I would like to reverse a list, but only where the indices are even.

My goal is that a list like

A = [1, 2, 3, 4, 5]

should become

B = [5, 2, 3, 4, 1]

I know how to print the values where indices are even:

for j in range(len(A)):
     if j % 2 == 0:
         print(A[j])

But how can I reverse these values to create a new list where the above condition is met for B?

Put differently, I would like indices of array A to swap where they are even. Indexes that are even are 0, 2, 4, where the values of A are 1, 3, 5. I want these values to switch to 5, 3, 1, but the values at odd indices should stay the same.

Is there a quick method like this?

A[::-1]

Answer 1

This should work:

even_indices = np.array(0, len(arr), 2)
arr[even_indices] = arr[even_indices][::-1]

We create a new array and assign it the even position values. The we reverse it and reassign the values back to the even positions of the original array.

Answer 2

Others like Michael Szczesny have suggested more concise solutions like:

A[::2] = reversed(A[::2])

already in the comments, but here is one that is more verbose in case it helps you see what is going on.

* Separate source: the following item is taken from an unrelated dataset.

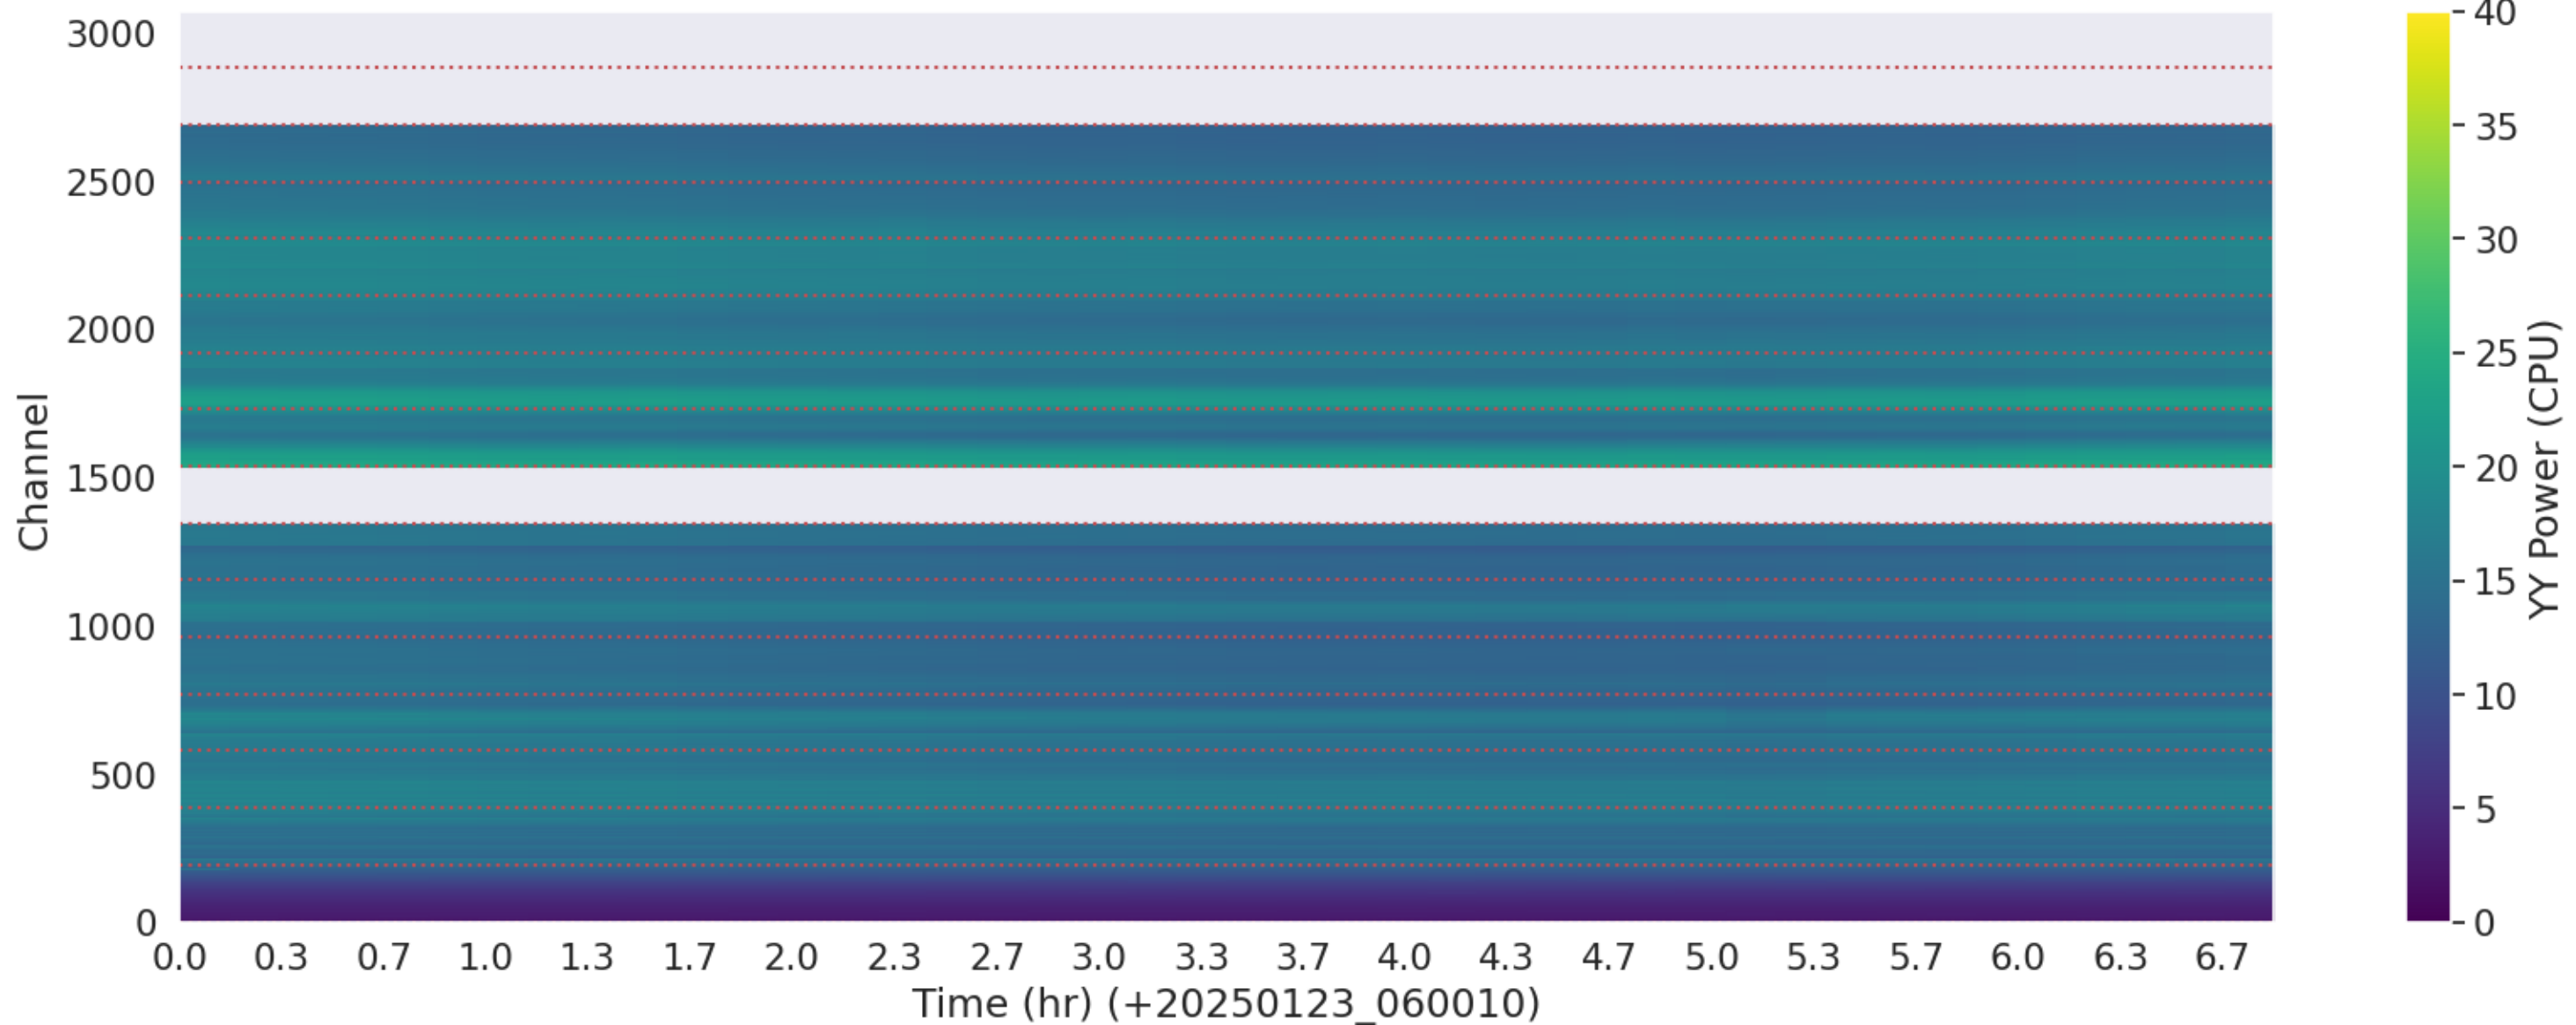

LWA336 - Correlator# 056 - YY - FLAGS: Good

We'll assume that the list starting out is already sorted.

A = [1,2,3,4,5]


#We isolate the even indices
even_indices = []
for i in range(len(A)):
    if i%2==0:
        even_indices.append(A[i])

#We reverse the even indices
even_indices = list(reversed(even_indices))
print(even_indices)

B = []
#We put everything back together, if the index is odd, we use the value from A, if not, we use the value from even_indices, which has been reversed.
for i in range(len(A)):
    if i%2==1:
        B.append(A[i])
    else:
        B.append(even_indices[i//2])


print(B)

Output:

[5, 3, 1]
[5, 2, 3, 4, 1]